======== DATA EXTRACT
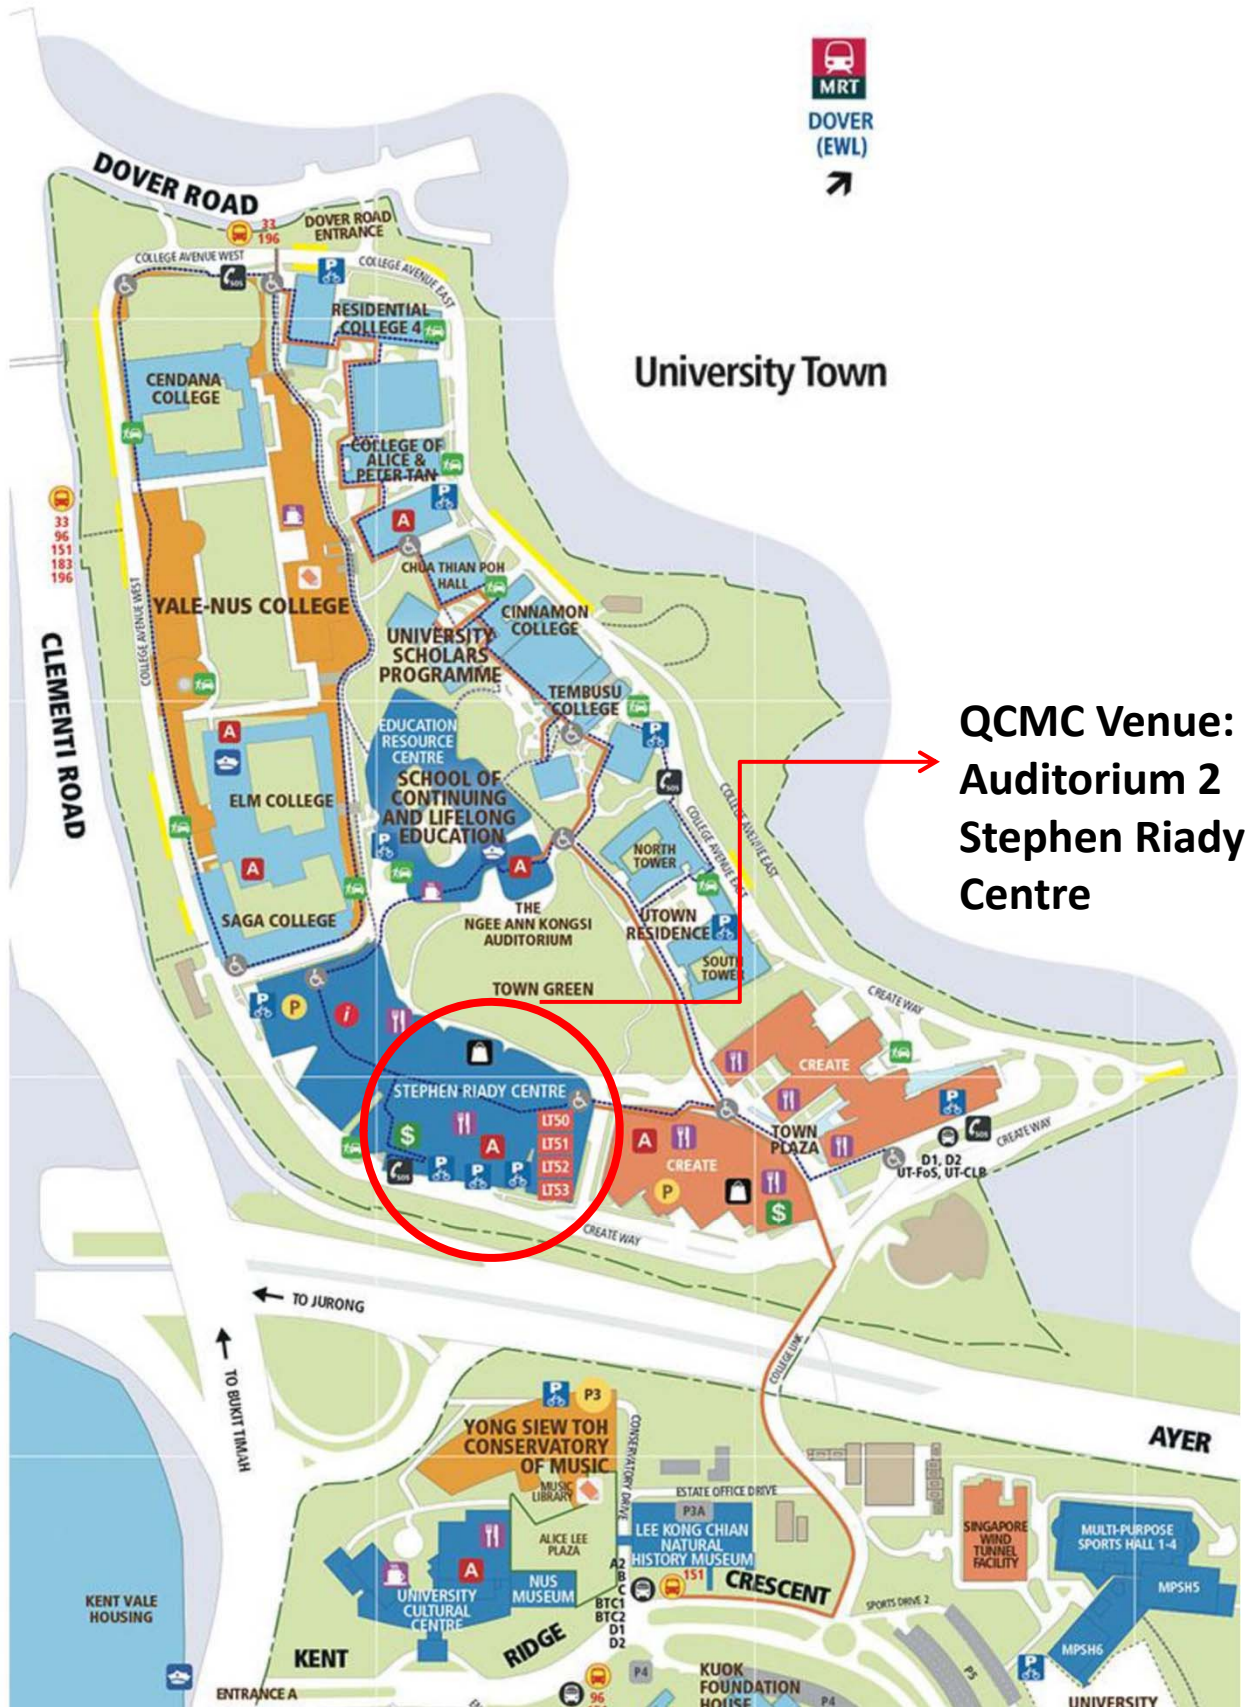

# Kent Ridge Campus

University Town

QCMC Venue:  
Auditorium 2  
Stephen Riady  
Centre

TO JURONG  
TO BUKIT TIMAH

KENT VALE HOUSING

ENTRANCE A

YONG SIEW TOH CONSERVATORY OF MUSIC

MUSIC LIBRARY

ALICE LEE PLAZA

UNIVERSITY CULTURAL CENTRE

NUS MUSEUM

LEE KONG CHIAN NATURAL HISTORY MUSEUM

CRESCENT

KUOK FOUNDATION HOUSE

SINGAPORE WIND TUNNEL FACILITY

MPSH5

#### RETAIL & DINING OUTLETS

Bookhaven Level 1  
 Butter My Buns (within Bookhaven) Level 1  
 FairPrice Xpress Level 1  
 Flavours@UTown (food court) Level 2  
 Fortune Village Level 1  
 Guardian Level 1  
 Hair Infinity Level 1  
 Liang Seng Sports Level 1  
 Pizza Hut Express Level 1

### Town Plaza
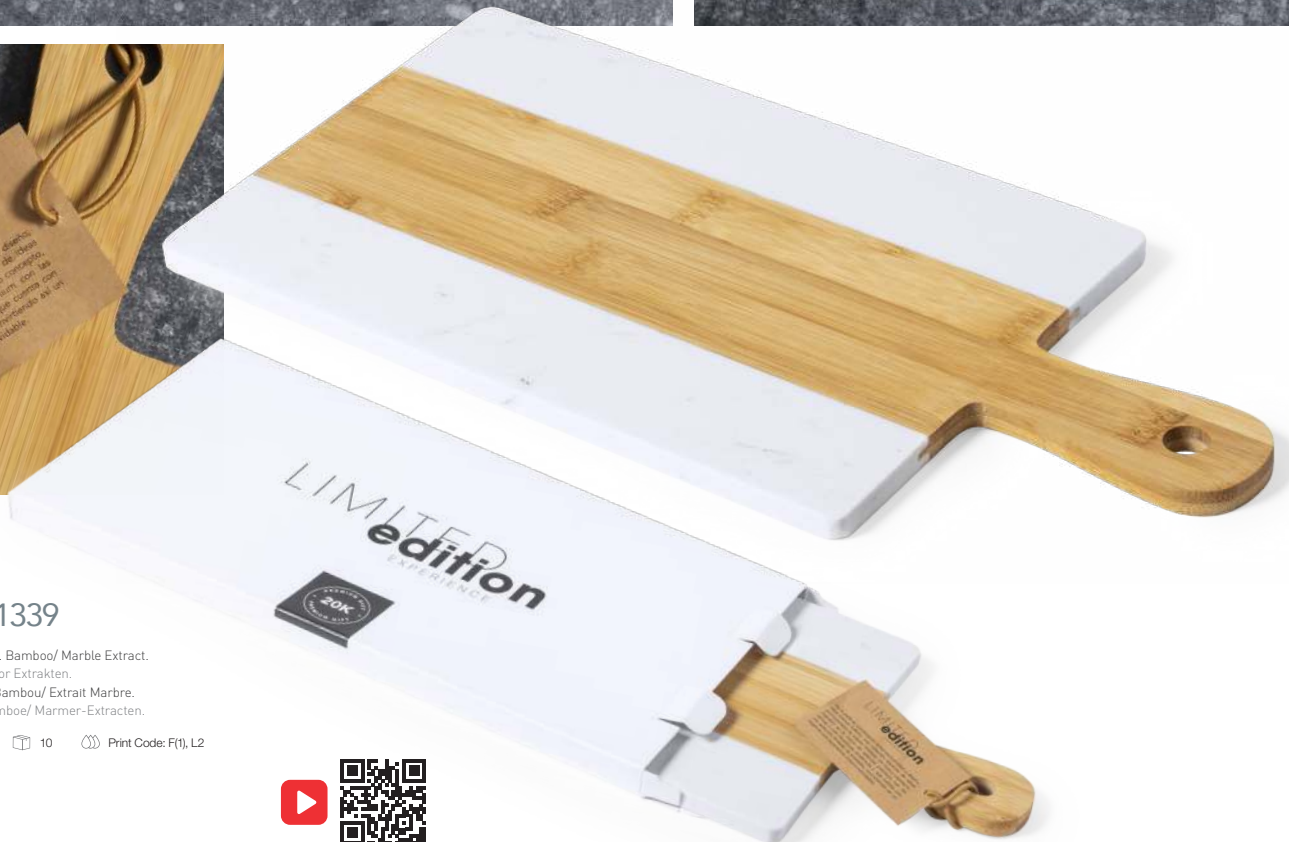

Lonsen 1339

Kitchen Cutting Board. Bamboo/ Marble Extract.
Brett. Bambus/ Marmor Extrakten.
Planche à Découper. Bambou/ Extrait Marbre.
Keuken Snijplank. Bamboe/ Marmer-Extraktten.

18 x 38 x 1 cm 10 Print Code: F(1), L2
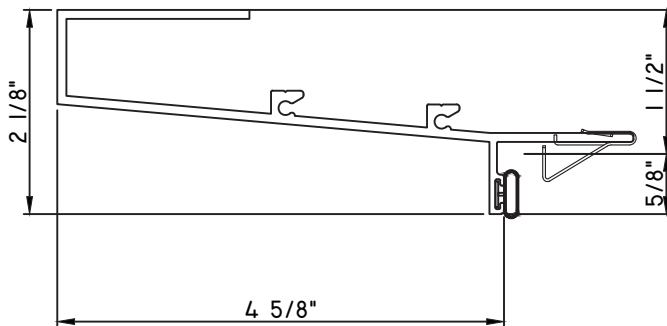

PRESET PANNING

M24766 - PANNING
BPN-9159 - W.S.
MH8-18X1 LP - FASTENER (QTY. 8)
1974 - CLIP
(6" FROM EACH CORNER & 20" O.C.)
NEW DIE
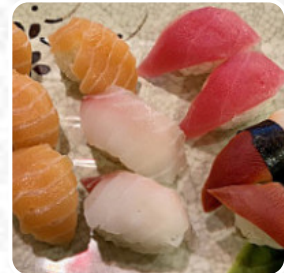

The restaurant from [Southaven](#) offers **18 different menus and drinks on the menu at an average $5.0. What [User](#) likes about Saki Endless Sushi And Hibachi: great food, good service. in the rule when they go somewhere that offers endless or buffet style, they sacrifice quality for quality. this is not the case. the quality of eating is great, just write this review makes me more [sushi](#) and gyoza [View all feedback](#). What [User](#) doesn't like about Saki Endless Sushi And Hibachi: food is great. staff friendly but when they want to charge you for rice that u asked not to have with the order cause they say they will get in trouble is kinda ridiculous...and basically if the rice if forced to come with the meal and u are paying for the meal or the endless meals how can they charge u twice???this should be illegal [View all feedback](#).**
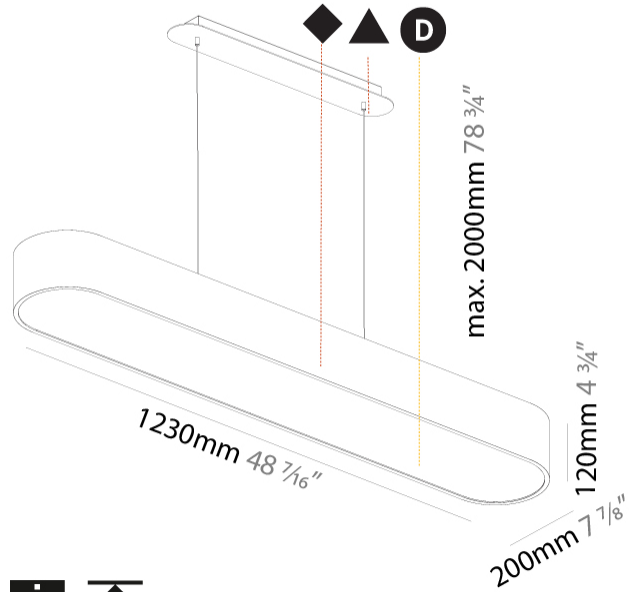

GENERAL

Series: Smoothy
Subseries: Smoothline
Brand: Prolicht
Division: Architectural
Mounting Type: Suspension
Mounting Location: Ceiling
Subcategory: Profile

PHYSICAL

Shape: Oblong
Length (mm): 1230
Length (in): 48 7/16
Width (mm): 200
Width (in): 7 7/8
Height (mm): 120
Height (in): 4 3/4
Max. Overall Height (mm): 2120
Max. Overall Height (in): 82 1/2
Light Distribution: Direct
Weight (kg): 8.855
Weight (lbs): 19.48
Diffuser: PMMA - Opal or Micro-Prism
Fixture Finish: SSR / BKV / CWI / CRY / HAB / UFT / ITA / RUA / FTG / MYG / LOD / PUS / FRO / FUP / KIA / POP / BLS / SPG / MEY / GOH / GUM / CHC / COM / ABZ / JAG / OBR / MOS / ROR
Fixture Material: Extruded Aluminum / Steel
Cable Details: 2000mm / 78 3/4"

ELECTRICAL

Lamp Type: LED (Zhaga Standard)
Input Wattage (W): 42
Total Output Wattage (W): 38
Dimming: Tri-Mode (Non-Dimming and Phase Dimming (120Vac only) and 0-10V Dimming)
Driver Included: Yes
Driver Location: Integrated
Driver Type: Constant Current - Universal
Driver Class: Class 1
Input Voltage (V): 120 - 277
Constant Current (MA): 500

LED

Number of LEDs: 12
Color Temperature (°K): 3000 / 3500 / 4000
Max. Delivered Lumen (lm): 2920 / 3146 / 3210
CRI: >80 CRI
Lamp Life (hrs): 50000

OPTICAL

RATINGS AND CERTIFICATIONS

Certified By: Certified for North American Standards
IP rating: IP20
================
**ACTIVITY:**
Exact repeats of the lines from the first one in the data through the line containing "MH8-18X1 LP - FASTENER (QTY. 8)" make up the answer. Pictures do not.

**RESULT OF THIS TASK:**
# Kent Ridge Campus

University Town

QCMC Venue:  
Auditorium 2  
Stephen Riady  
Centre

TO JURONG  
TO BUKIT TIMAH

KENT VALE HOUSING

ENTRANCE A

YONG SIEW TOH CONSERVATORY OF MUSIC

MUSIC LIBRARY

ALICE LEE PLAZA

UNIVERSITY CULTURAL CENTRE

NUS MUSEUM

LEE KONG CHIAN NATURAL HISTORY MUSEUM

CRESCENT

KUOK FOUNDATION HOUSE

SINGAPORE WIND TUNNEL FACILITY

MPSH5

#### RETAIL & DINING OUTLETS

Bookhaven Level 1  
 Butter My Buns (within Bookhaven) Level 1  
 FairPrice Xpress Level 1  
 Flavours@UTown (food court) Level 2  
 Fortune Village Level 1  
 Guardian Level 1  
 Hair Infinity Level 1  
 Liang Seng Sports Level 1  
 Pizza Hut Express Level 1

### Town Plaza

Lonsen 1339

Kitchen Cutting Board. Bamboo/ Marble Extract.
Brett. Bambus/ Marmor Extrakten.
Planche à Découper. Bambou/ Extrait Marbre.
Keuken Snijplank. Bamboe/ Marmer-Extraktten.

18 x 38 x 1 cm 10 Print Code: F(1), L2

PRESET PANNING

M24766 - PANNING
BPN-9159 - W.S.
MH8-18X1 LP - FASTENER (QTY. 8)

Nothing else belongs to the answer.